Thursday I had time to put another ride on Eclipse. We worked in the arena starting to play with a figure 8 pattern at a trot. This was the first time I started to ask for body bends as he made his circles. Like most green horses on a circle they have druthers. This is when their circles look more like eggs because they "druther" be somewhere else! Usually it is the gate or another horse. Eclipse is no different. His circles would get a little lopsided towards the gate so I would pick up his shoulder and push it to the inside of the circle until he crossed over with his front feet. To the right we could do this at the trot, but when circling to the left we would have to break it down to a walk to get the step over. Just like us , these guys are born right handed or left handed and it is up to me to help these horses find their coordination with their week side. I would work the circle moving the shoulder over every time he would leak towards the gate and continue the circle until I could go by the sticky spots with little or no correction. At that point I would give him a break and then start the new direction. Once He was staying on a circle well I then played with changing directions by changing the bend creating the figure eight. I did work up to the canter getting simple lead changes. I still have to set him up more for the right lead, but i am hoping as he gains coordination this will get easier. Once we reached a good place with that I left the arena to cool him out in the play yard.

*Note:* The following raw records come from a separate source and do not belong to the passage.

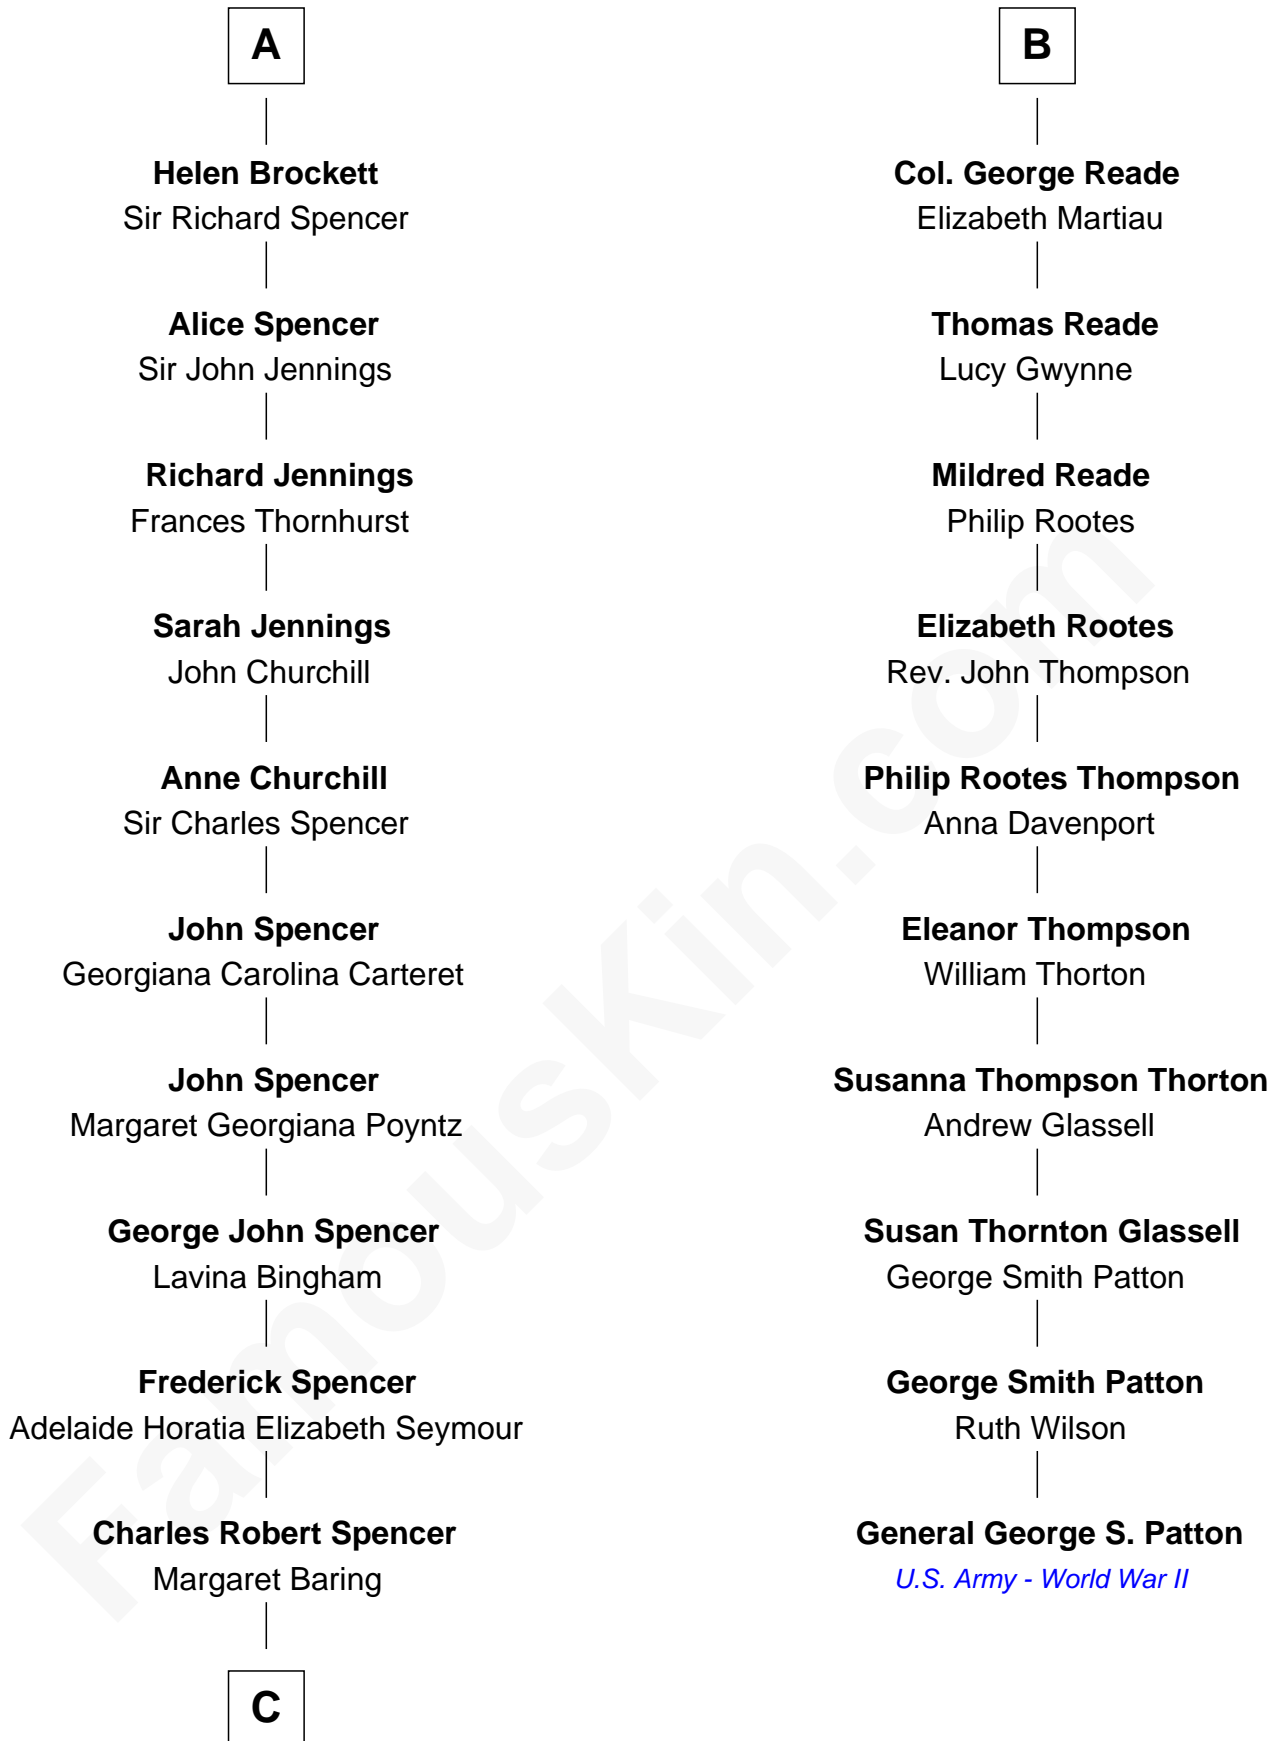

FamousKin.com

Relationship Chart of

Princess Diana

Princess of Wales

16th cousin 3 times removed of

General George S. Patton
U.S. Army - World War II

C

—
Albert Edward John Spencer
Cynthia Elinor Beatrix Hamilton

—
Edward John Spencer
Frances Ruth Burke Roche

—
Princess Diana
Princess of Wales

FamousKin.com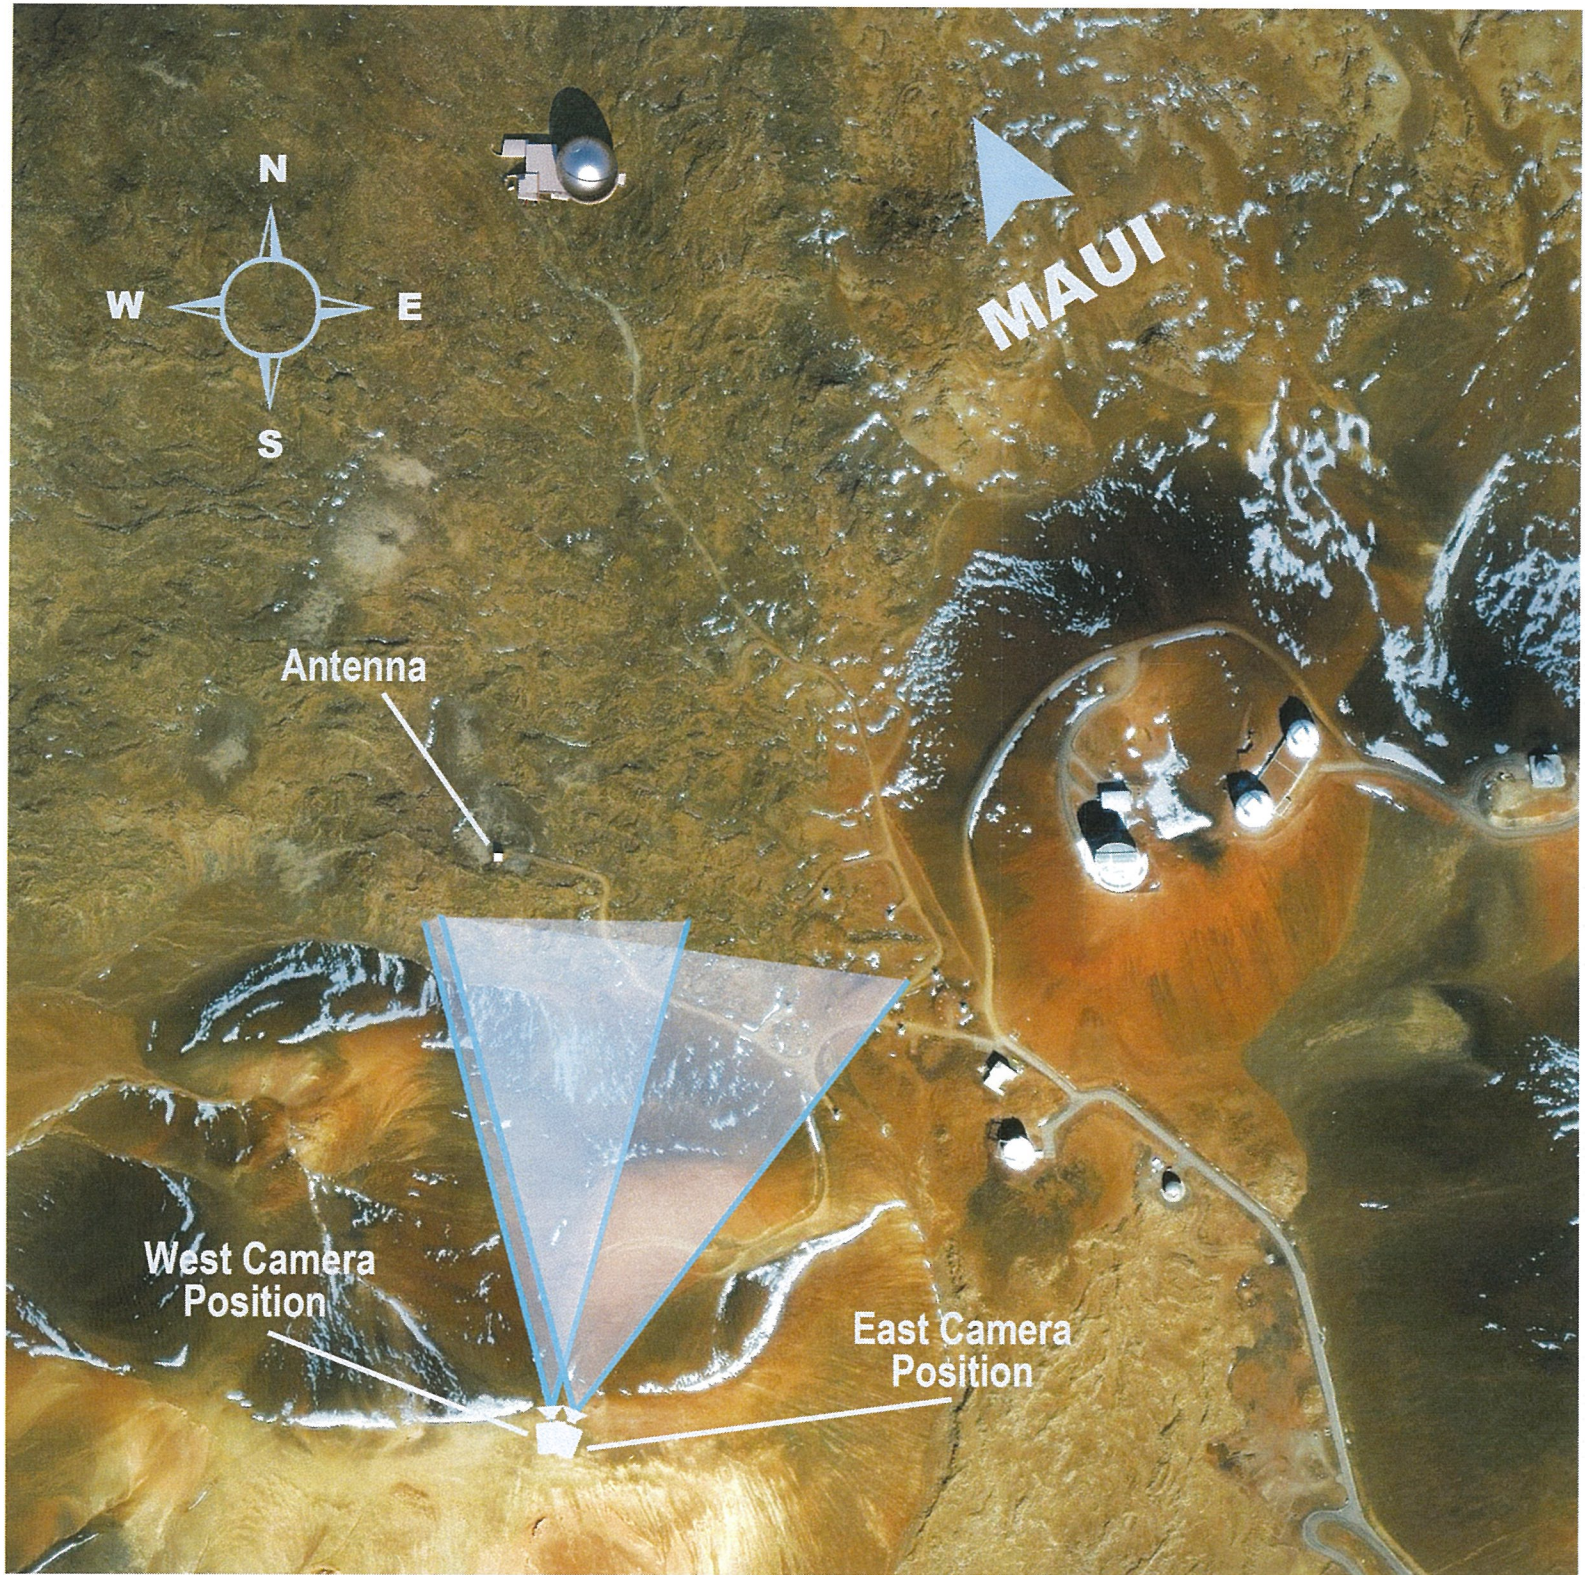

EXHIBIT A-110

From very top of Pu'u Poli'ahu Eastern side of the Pu'u

← 120-degree viewplane from Pu'u Poli'ahu when looking to sunset on summer solstice →

← TMT Observatory location

West Camera Position

East Camera Position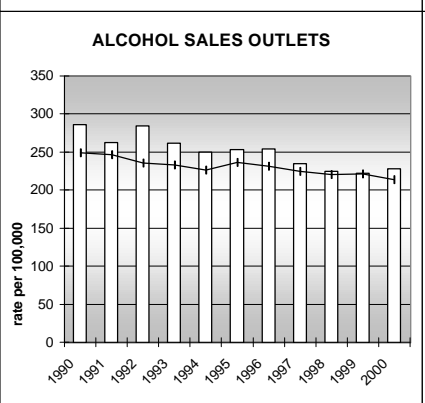

LOGAN COUNTY

HEALTHY CHILDREN AND ADULTS

KEY
columns = County
line = Colorado

We walked around the obstacles as usual and when we were board with that the opening in the woods to the enchanted forest called our name. We headed for the dark opening taking our time because I could feel the hesitation in Eclipse. I mean he came from Nevada... how many trees are there anyway? Tuesday's trail experience still lerks in the back of my mind, and the silence of the two of us entering the woods put me on edge knowing that any sudden noise could cause another spook. So i decided to sing a lullaby. We went at a slow pace venturing over the tarp, through the curtain, past the exotic creatures and over the bridge to the tune of "Twinkle twinkle little star". I wouldn't say that Eclipse was relaxed but he was on standby. Without another horse to follow I was very pleased with his bravery. A great come back from Tuesdays trail ride.

Thursday, August 12, 2010

Day 21: Garland Mountain and the Mustang eating Deer!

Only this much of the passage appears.